Perez might still be in Crash -- and Javier Ovando almost certainly
would still be in jail -- if it was not for three events, all of which
conspired to put Perez and Rampart on the radar screen of the L.A.P.D.
high command.
The first of these occurred on Nov. 6, 1997, nine months after Ovando
had been sent to prison. That morning, two armed men entered a Bank of
America branch in South Central and demanded money from Errolyn Romero,
the customer-service manager. She gave them $722,000 that had been delivered
earlier that day by armored car. The detectives who investigated the robbery
soon learned that Romero had ordered delivery of the money. After questioning,
she broke down and confessed that the robbery had been planned and carried
out by her boyfriend, David Mack, a flamboyant and streetwise L.A.P.D.
officer who had served in Rampart and was a close friend of Rafael Perez.
Investigators soon learned that Mack and Perez had gone to Las Vegas
to celebrate together two days after the robbery. They were old friends
from pre-Rampart days, when they worked narcotics detail. Perez told investigators
that, while he knew nothing about the robbery, he looked up to Mack. The
older officer, he claimed, had once saved his life by shooting a drug dealer
who had pulled a gun on Perez. Police investigators weren't sure if the
story was true; two eyewitnesses claimed that Mack shot the drug dealer
without provocation, but an L.A.P.D. inquiry found the shooting justifiable.
On March 17, 1999, the 39-year-old Mack was convicted on federal charges
of bank robbery and sentenced to 14 years in prison. Because of her cooperation,
Romero received a sentence of only two and a half years. But the stolen
money has never been recovered and neither the other robber nor the driver
of the getaway van have been identified. Investigators thought that Perez
might have been the driver, but they had no evidence to prove it.
The second event occurred the night of Feb. 26, 1998, when two Rampart
Crash officers detained a young gang suspect. As another L.A.P.D. disciplinary
board reconstructed events, Officer Brian Hewitt entered an interview room
in the Rampart substation and choked and beat the suspect until he vomited
blood. When the gang member was released, he checked into a hospital and
reported the incident. Chief Parks ordered that administrative charges
be brought against Hewitt and two other officers accused of not reporting
the incident. Hewitt and one of the officers were fired.

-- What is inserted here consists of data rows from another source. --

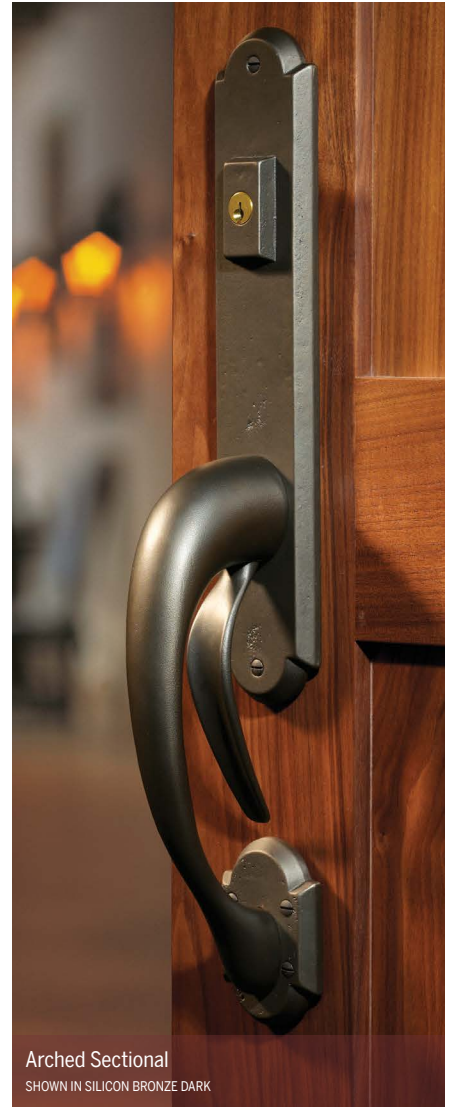

# 3

LEVEL THREE  
Rocky Mountain  
Hardware®

Eclipse Grip Handle  
SHOWN IN VICTORIAN BRONZE

Rectangular Entry Set  
SHOWN IN MEDIUM BRONZE

Arched Sectional  
SHOWN IN SILICON BRONZE DARK

Protect your home while reflecting your unique style with Trilennium's extensive portfolio of beautifully-designed hardware options. Choose your level, choose your style, choose your finish. The choice is yours!

A month later, officers in the L.A.P.D.'s property division, which is
responsible for storing evidence and impounded goods, discovered that six
pounds of cocaine had been checked out for a court appearance and never
returned. The officer who had signed for the cocaine was Rafael Perez.
When officers from internal affairs discovered that the case Perez had
obtained the cocaine for had already been adjudicated, a full-scale, secret
investigation was launched. It revealed that Perez had checked out cocaine
in other cases, including some in which he had not even been involved.
For weeks, internal affairs shadowed Perez, tracking his movements and
gathering evidence. Then, in the early-morning hours of Aug. 25, 1998,
police officers descended on his house with sirens blaring and led him
away in handcuffs as startled neighbors, who had been led to believe that
Perez was a wealthy contractor, watched in disbelief. He was arrested and
tried in December 1998 for possession of cocaine for sale, grand theft
and forgery. The jury deadlocked, though the vote was 8-4 for conviction.
While Perez was awaiting retrial, investigators examining his financial
records found unexplained deposits. They also learned that he had remodeled
his home extensively -- all on a police officer's $58,000 base salary.
Playing hardball, prosecutors threatened to file charges against Perez's
wife, a civilian employee of the L.A.P.D. whom they claimed knew of his
illegal activities. With a young daughter at home, Perez didn't want to
run the risk that his wife might end up in jail. He decided to cut a deal.
On Sept. 8, 1999, Perez's lawyer, Winston Kevin McKesson, a protege
of Johnnie Cochran Jr., negotiated an agreement in which his client promised
to expose misconduct within Rampart Crash in exchange for a five-year prison
sentence, immunity from further prosecution and total immunity for his
wife. With time off for good behavior, Perez faces only 16 months behind
bars, most of it in a secure Los Angeles jail rather than the harsher confines
of a state prison. District Attorney Garcetti realized that this was a
sweet deal for Perez, but he had been told by the officer's lawyer that
an innocent man was serving 23 years in prison for a crime he hadn't committed.
So Garcetti agreed to the deal, and Perez began talking. What he had to
say in more than 50 hours of interrogation shocked even the hardened L.A.P.D.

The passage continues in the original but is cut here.